Given data:
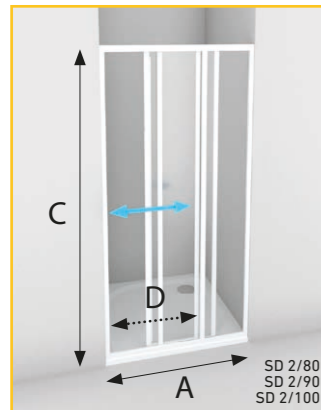

doplňky: PSS 185

PEARL (plast) 2,5 mm, SKLO 4 mm 185 cm otevírání posuvně za příplatek barva bílá

sprchové dveře dvoudílné / třídílné SD

		barva	pearl	čiré sklo	chinchilla
SD 2/80 + WATER OFF	A 80 cm, C 185 cm, D šířka vstupu 40 cm, instalační rozměr 79,9-80,2 cm	bílá	9.340 Kč	10.830 Kč	11.290 Kč
		bílá	–	11.150 Kč	11.610 Kč
SD 2/90 + WATER OFF	A 90 cm, C 185 cm, D šířka vstupu 48 cm, instalační rozměr 89,9-90,2 cm	bílá	10.090 Kč	11.110 Kč	11.360 Kč
		bílá	–	11.440 Kč	11.720 Kč
SD 2/100 + WATER OFF	A 100 cm, C 185 cm, D šířka vstupu 55 cm, instalační rozměr 99,9-100,2 cm	bílá	10.580 Kč	11.290 Kč	11.510 Kč
		bílá	–	11.610 Kč	11.870 Kč
SD 1/120 + WATER OFF	A 120 cm, C 185 cm, D šířka vstupu 48 cm, instalační rozměr 119,9-120,2 cm	bílá	10.660 Kč	11.480 Kč	11.590 Kč
		bílá	–	11.850 Kč	11.950 Kč
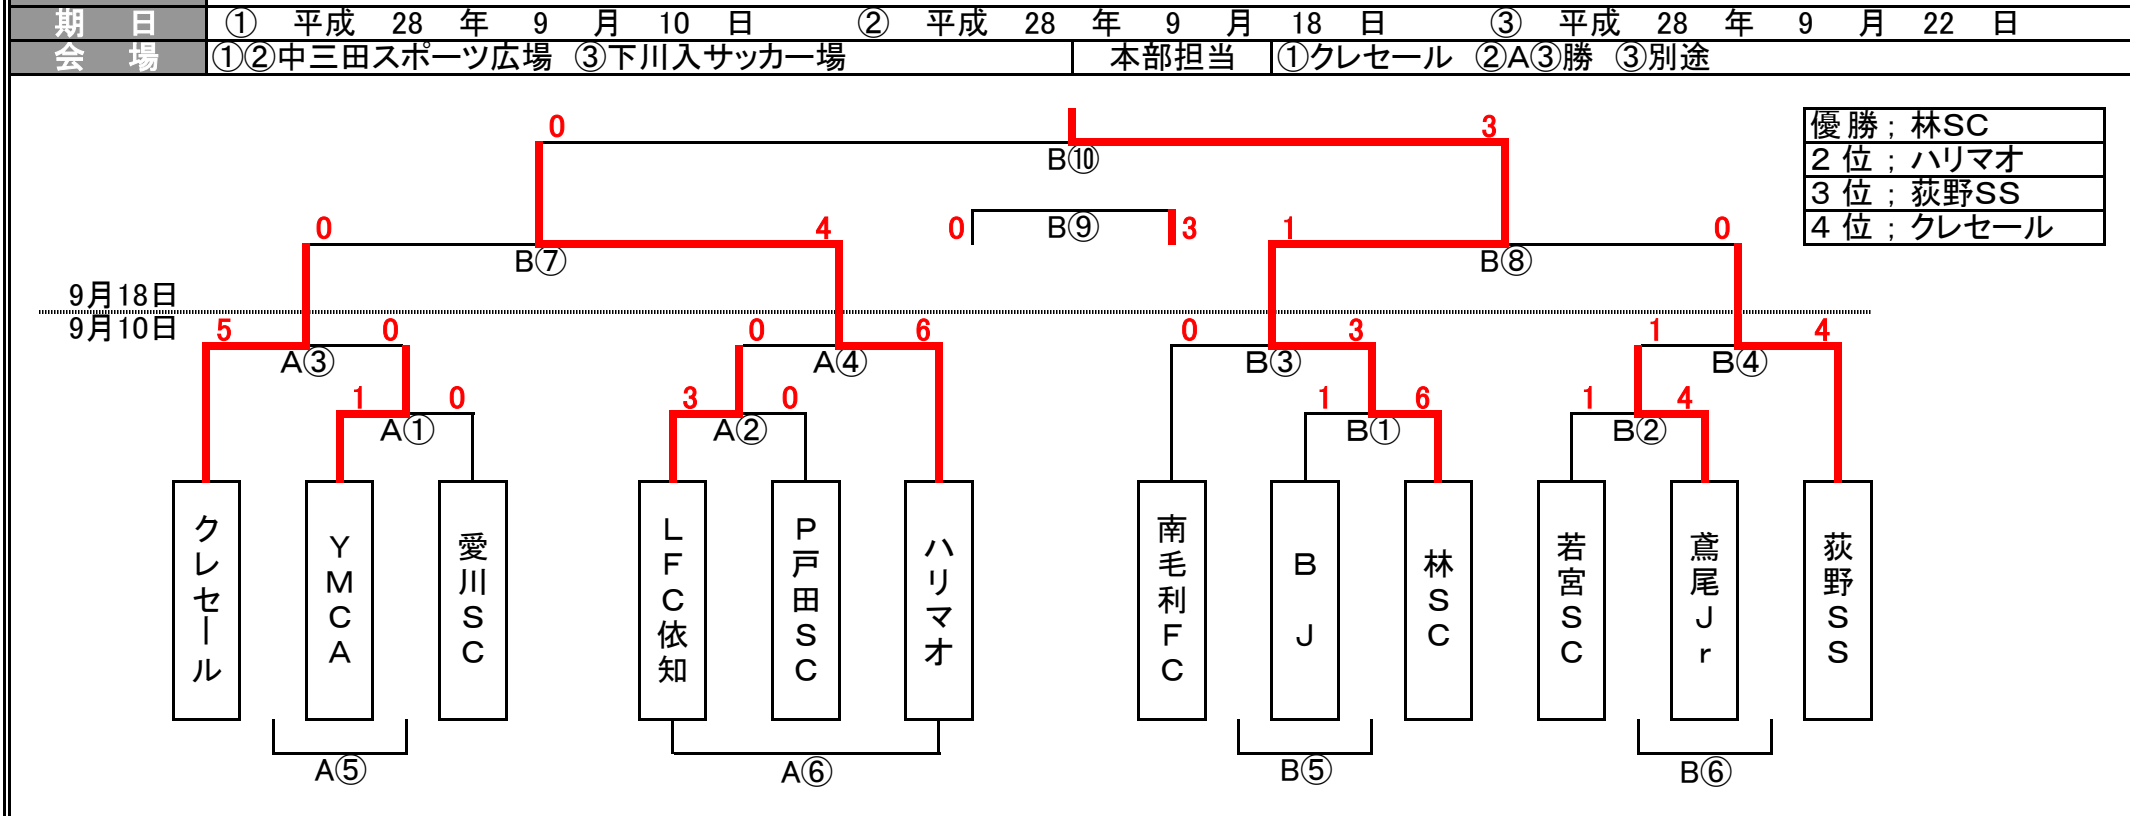

平成28年度(2016) 厚木市小学生サッカー大会組み合わせ

大会名	公益財団法人厚木市体育協会主催 厚木市小学生サッカー大会5年生大会 兼 県央大会予選		
期日	① 平成 28 年 9 月 10 日	② 平成 28 年 9 月 18 日	③ 平成 28 年 9 月 22 日
会場	①②中三田スポーツ広場 ③下川入サッカー場	本部担当	①クレセール ②A③勝 ③別途

①9月10日(土) 8人制20分ハーフ 中三田スポーツ広場
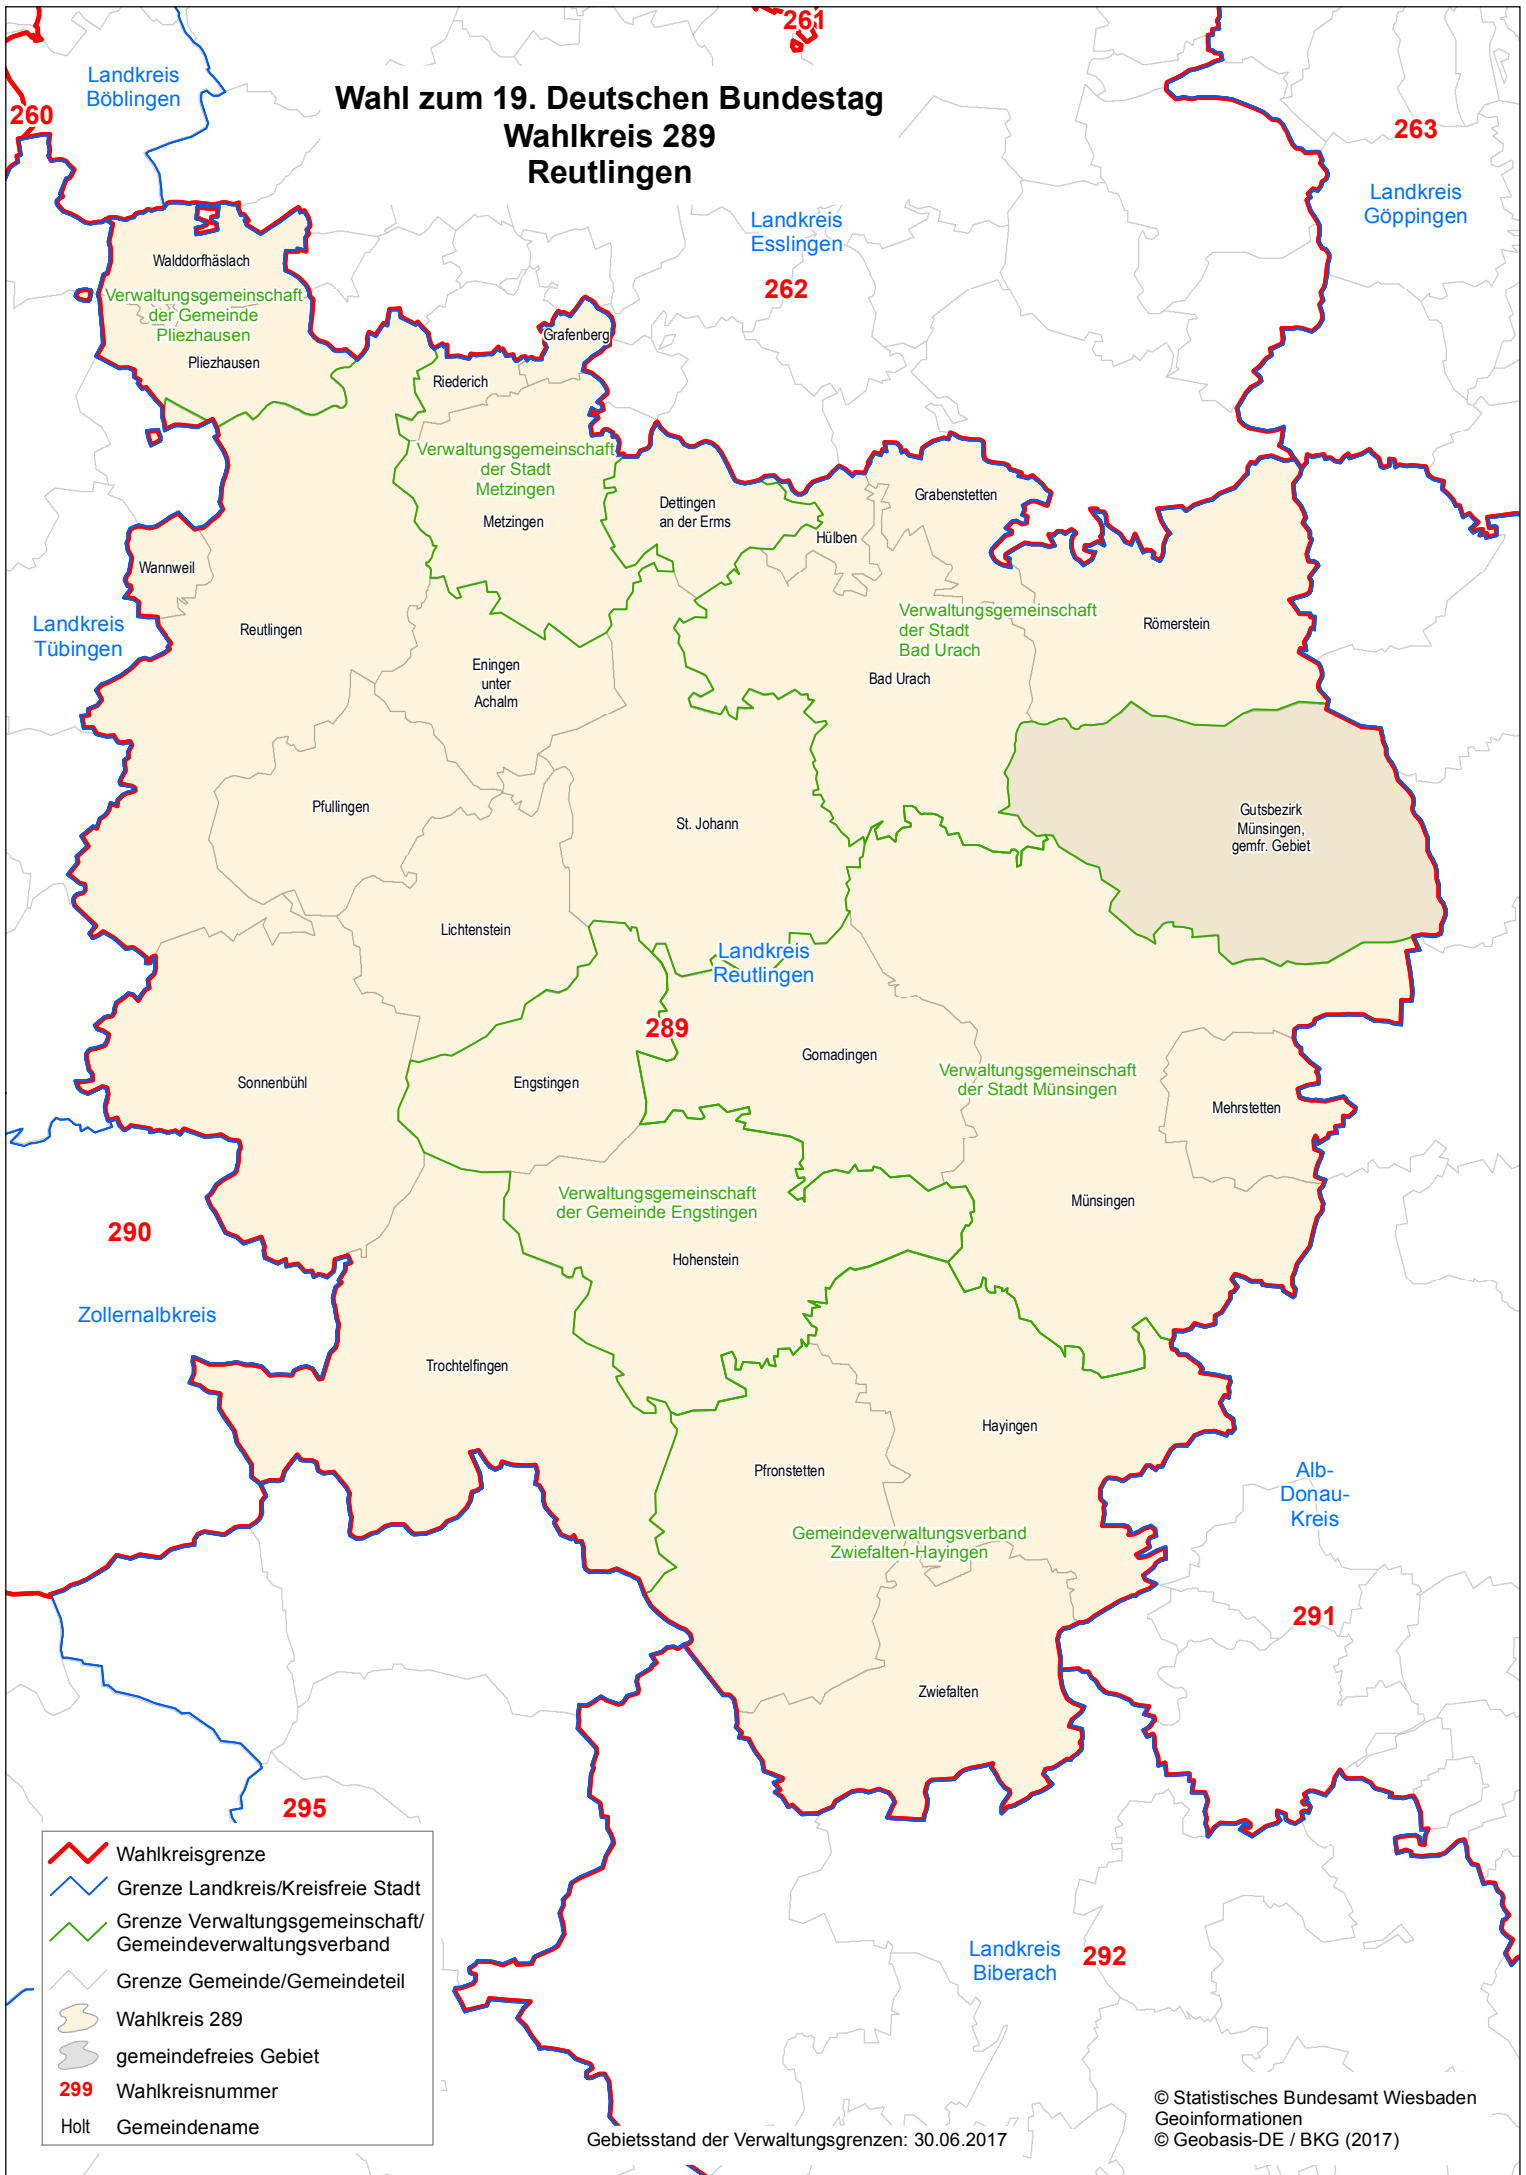

Wahl zum 19. Deutschen Bundestag

Wahlkreis 289

Reutlingen

- Wahlkreisgrenze
- Grenze Landkreis/Kreisfreie Stadt
- Grenze Verwaltungsgemeinschaft/ Gemeindeverwaltungsverband
- Grenze Gemeinde/Gemeindeteil
- Wahlkreis 289
- gemeindefreies Gebiet
- 299** Wahlkreisnummer
- Holt Gemeindegemeinde

Gebietsstand der Verwaltungsgrenzen: 30.06.2017

© Statistisches Bundesamt Wiesbaden
 Geoinformationen
 © Geobasis-DE / BKG (2017)
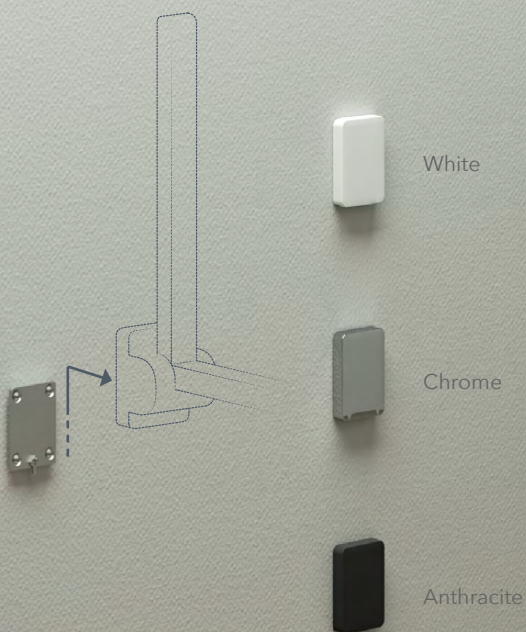

Linido

De toiletsteun kan zonder specifiek gereedschap van de muurflens worden verwijderd en kan worden vervangen door een eenvoudige plaatafdekking

## Accessories

De accessoires kunnen zowel afzonderlijk als samen worden gemonteerd.

**Rolhouder**  
Chrome finish

**Toiletsteun**  
White

Anthracite

## Afdekplaat
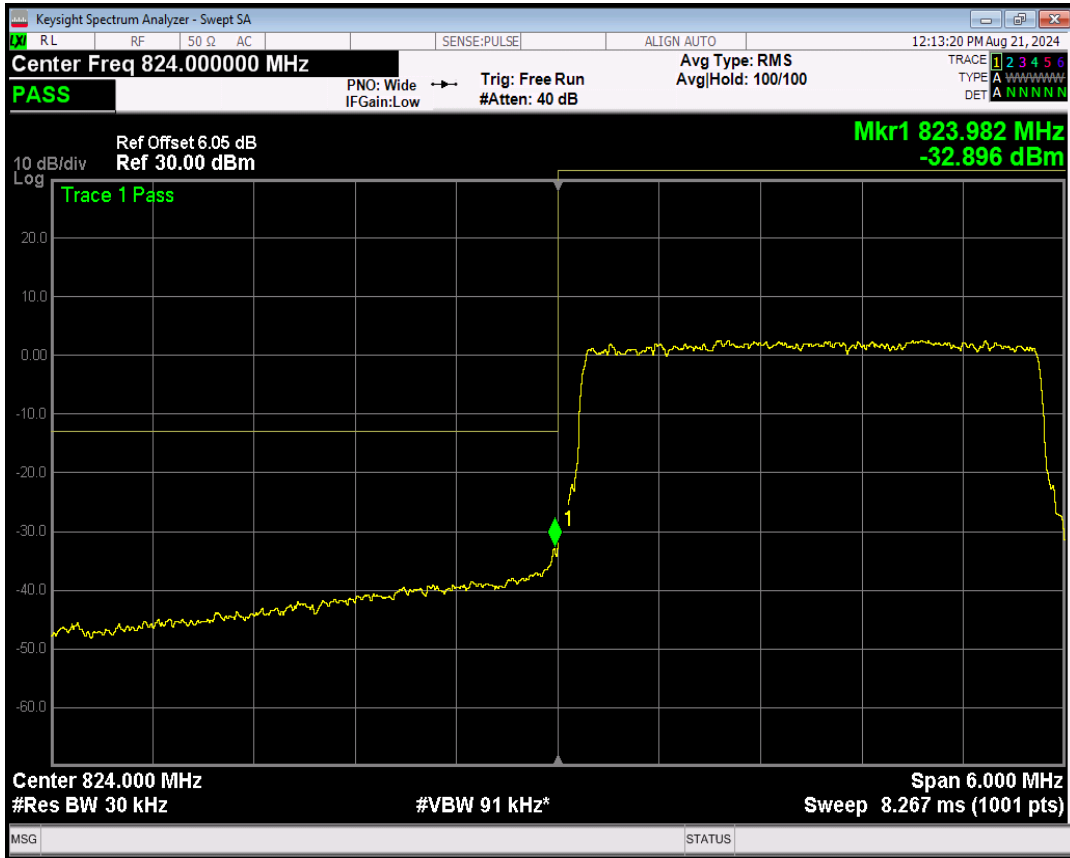

Band5 16QAM BW=3MHz Channel=20415 RB Size=15 Position=#0

Band5 QPSK BW=3MHz Channel=20635 RB Size=1 Position=#Max
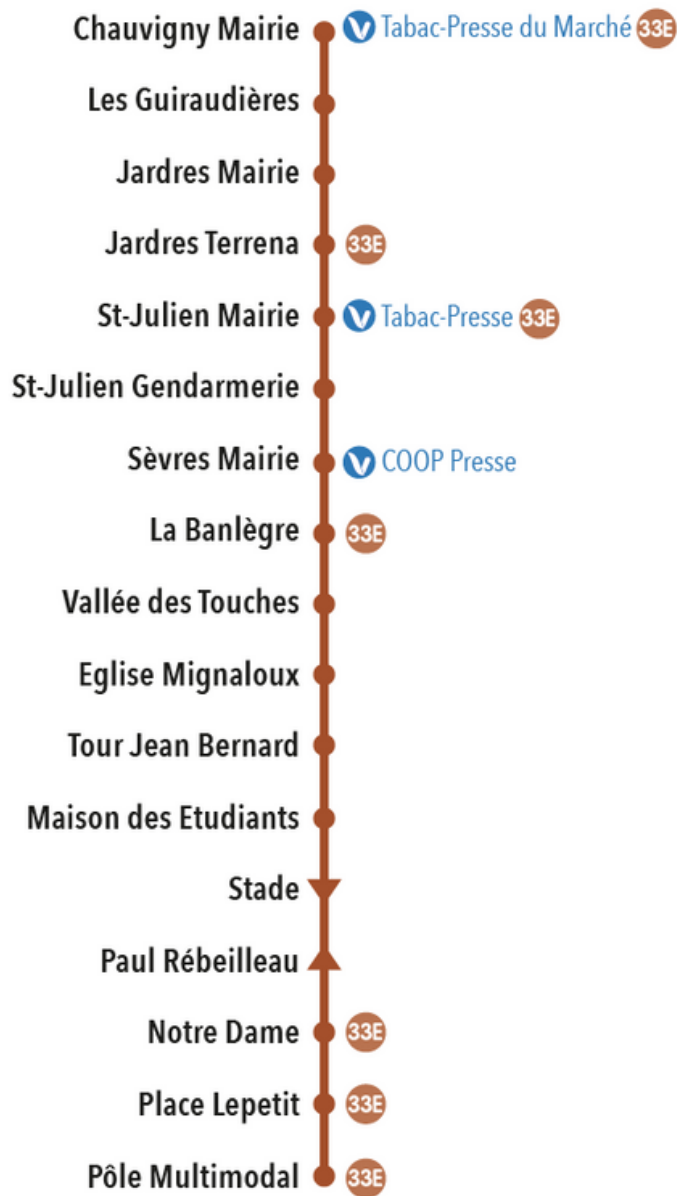

PLAN DE LIGNE

ST JULIEN L'ARS CHAUVIGNY

SÈVRES ANXAUMONT JARDRES

POITIERS

Valable du
28/08/22
au
07/07/23

 Dépositaire Vitalis | ● Arrêt desservi dans les 2 sens
▶ Arrêt desservi dans le sens de la flèche |  Arrêt desservi en ligne

Requirement: Restate the entries above word for word, and keep the pictures out.

Task solution:
doplňky: PSS 185

PEARL (plast) 2,5 mm, SKLO 4 mm 185 cm otevírání posuvně za příplatek barva bílá

sprchové dveře dvoudílné / třídílné SD

		barva	pearl	čiré sklo	chinchilla
SD 2/80 + WATER OFF	A 80 cm, C 185 cm, D šířka vstupu 40 cm, instalační rozměr 79,9-80,2 cm	bílá	9.340 Kč	10.830 Kč	11.290 Kč
		bílá	–	11.150 Kč	11.610 Kč
SD 2/90 + WATER OFF	A 90 cm, C 185 cm, D šířka vstupu 48 cm, instalační rozměr 89,9-90,2 cm	bílá	10.090 Kč	11.110 Kč	11.360 Kč
		bílá	–	11.440 Kč	11.720 Kč
SD 2/100 + WATER OFF	A 100 cm, C 185 cm, D šířka vstupu 55 cm, instalační rozměr 99,9-100,2 cm	bílá	10.580 Kč	11.290 Kč	11.510 Kč
		bílá	–	11.610 Kč	11.870 Kč
SD 1/120 + WATER OFF	A 120 cm, C 185 cm, D šířka vstupu 48 cm, instalační rozměr 119,9-120,2 cm	bílá	10.660 Kč	11.480 Kč	11.590 Kč
		bílá	–	11.850 Kč	11.950 Kč

平成28年度(2016) 厚木市小学生サッカー大会組み合わせ

大会名	公益財団法人厚木市体育協会主催 厚木市小学生サッカー大会5年生大会 兼 県央大会予選		
期日	① 平成 28 年 9 月 10 日	② 平成 28 年 9 月 18 日	③ 平成 28 年 9 月 22 日
会場	①②中三田スポーツ広場 ③下川入サッカー場	本部担当	①クレセール ②A③勝 ③別途

①9月10日(土) 8人制20分ハーフ 中三田スポーツ広場

Wahl zum 19. Deutschen Bundestag

Wahlkreis 289

Reutlingen

- Wahlkreisgrenze
- Grenze Landkreis/Kreisfreie Stadt
- Grenze Verwaltungsgemeinschaft/ Gemeindeverwaltungsverband
- Grenze Gemeinde/Gemeindeteil
- Wahlkreis 289
- gemeindefreies Gebiet
- 299** Wahlkreisnummer
- Holt Gemeindegemeinde

Gebietsstand der Verwaltungsgrenzen: 30.06.2017

© Statistisches Bundesamt Wiesbaden
 Geoinformationen
 © Geobasis-DE / BKG (2017)

Linido

De toiletsteun kan zonder specifiek gereedschap van de muurflens worden verwijderd en kan worden vervangen door een eenvoudige plaatafdekking

## Accessories

De accessoires kunnen zowel afzonderlijk als samen worden gemonteerd.

**Rolhouder**  
Chrome finish

**Toiletsteun**  
White

Anthracite

## Afdekplaat

Band5 16QAM BW=3MHz Channel=20415 RB Size=15 Position=#0

Band5 QPSK BW=3MHz Channel=20635 RB Size=1 Position=#Max

PLAN DE LIGNE

ST JULIEN L'ARS CHAUVIGNY

SÈVRES ANXAUMONT JARDRES

POITIERS

Valable du
28/08/22
au
07/07/23

 Dépositaire Vitalis | ● Arrêt desservi dans les 2 sens
▶ Arrêt desservi dans le sens de la flèche |  Arrêt desservi en ligne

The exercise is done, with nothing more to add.